▸ **Directions for this task**:
When you reach the line containing "Bottle Size : Ø48, Height : 147mm" in the entries below, start writing out each line exactly, and stop after the line containing "- Adequate room for S-plan or Y-plan wiring".

▸ **Data shown**:
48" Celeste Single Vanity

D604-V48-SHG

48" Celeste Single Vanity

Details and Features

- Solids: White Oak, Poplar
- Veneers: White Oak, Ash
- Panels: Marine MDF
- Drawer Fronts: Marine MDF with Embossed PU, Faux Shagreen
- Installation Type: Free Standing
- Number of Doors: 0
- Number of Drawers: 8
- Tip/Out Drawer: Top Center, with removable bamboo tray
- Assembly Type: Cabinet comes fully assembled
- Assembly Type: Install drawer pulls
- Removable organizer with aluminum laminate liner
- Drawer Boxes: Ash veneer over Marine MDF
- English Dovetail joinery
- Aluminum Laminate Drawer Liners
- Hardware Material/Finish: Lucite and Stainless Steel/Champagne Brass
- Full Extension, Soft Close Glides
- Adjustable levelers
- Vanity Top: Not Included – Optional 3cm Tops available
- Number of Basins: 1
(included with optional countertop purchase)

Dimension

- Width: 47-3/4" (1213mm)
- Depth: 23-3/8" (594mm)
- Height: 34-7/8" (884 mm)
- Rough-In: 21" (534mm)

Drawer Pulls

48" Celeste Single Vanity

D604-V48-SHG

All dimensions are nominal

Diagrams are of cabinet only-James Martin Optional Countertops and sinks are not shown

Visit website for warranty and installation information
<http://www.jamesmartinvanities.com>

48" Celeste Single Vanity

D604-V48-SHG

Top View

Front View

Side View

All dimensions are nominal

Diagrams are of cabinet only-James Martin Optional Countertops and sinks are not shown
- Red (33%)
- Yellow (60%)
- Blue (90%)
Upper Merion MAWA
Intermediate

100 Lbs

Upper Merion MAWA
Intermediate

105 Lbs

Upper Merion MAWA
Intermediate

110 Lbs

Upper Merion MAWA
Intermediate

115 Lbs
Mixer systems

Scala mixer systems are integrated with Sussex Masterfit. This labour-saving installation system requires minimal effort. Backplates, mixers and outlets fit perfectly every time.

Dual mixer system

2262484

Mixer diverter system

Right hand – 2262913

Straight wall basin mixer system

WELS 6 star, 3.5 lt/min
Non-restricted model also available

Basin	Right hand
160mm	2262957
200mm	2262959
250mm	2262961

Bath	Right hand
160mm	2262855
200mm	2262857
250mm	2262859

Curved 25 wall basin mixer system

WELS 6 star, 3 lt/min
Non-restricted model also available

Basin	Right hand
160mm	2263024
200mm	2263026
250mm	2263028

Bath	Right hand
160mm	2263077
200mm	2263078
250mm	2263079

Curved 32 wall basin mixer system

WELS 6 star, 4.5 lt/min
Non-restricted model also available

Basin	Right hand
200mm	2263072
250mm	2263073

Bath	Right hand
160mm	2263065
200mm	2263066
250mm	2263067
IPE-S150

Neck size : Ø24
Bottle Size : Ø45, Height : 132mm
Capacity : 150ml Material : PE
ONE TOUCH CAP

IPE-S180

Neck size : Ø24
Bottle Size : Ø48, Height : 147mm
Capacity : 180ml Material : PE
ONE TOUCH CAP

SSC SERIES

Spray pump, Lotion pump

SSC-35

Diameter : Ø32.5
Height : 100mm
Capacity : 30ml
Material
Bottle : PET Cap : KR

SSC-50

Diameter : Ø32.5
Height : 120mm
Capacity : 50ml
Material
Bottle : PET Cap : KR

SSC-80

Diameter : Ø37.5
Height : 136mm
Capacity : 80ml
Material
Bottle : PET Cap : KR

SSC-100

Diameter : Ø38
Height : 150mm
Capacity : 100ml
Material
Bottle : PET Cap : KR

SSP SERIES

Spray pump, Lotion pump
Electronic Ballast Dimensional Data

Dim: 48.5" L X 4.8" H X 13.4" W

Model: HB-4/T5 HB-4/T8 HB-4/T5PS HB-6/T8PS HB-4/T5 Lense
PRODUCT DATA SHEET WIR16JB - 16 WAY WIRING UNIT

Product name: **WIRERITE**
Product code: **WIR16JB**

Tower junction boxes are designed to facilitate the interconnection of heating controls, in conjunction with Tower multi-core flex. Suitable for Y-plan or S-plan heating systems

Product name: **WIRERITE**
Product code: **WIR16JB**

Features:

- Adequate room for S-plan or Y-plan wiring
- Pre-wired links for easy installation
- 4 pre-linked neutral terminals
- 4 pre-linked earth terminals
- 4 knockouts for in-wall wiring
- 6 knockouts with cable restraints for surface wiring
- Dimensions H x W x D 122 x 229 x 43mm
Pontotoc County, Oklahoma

▸ **Output for this task**:
Bottle Size : Ø48, Height : 147mm
Capacity : 180ml Material : PE
ONE TOUCH CAP

SSC SERIES

Spray pump, Lotion pump

SSC-35

Diameter : Ø32.5
Height : 100mm
Capacity : 30ml
Material
Bottle : PET Cap : KR

SSC-50

Diameter : Ø32.5
Height : 120mm
Capacity : 50ml
Material
Bottle : PET Cap : KR

SSC-80

Diameter : Ø37.5
Height : 136mm
Capacity : 80ml
Material
Bottle : PET Cap : KR

SSC-100

Diameter : Ø38
Height : 150mm
Capacity : 100ml
Material
Bottle : PET Cap : KR

SSP SERIES

Spray pump, Lotion pump
Electronic Ballast Dimensional Data

Dim: 48.5" L X 4.8" H X 13.4" W

Model: HB-4/T5 HB-4/T8 HB-4/T5PS HB-6/T8PS HB-4/T5 Lense
PRODUCT DATA SHEET WIR16JB - 16 WAY WIRING UNIT

Product name: **WIRERITE**
Product code: **WIR16JB**

Tower junction boxes are designed to facilitate the interconnection of heating controls, in conjunction with Tower multi-core flex. Suitable for Y-plan or S-plan heating systems

Product name: **WIRERITE**
Product code: **WIR16JB**

Features:

- Adequate room for S-plan or Y-plan wiring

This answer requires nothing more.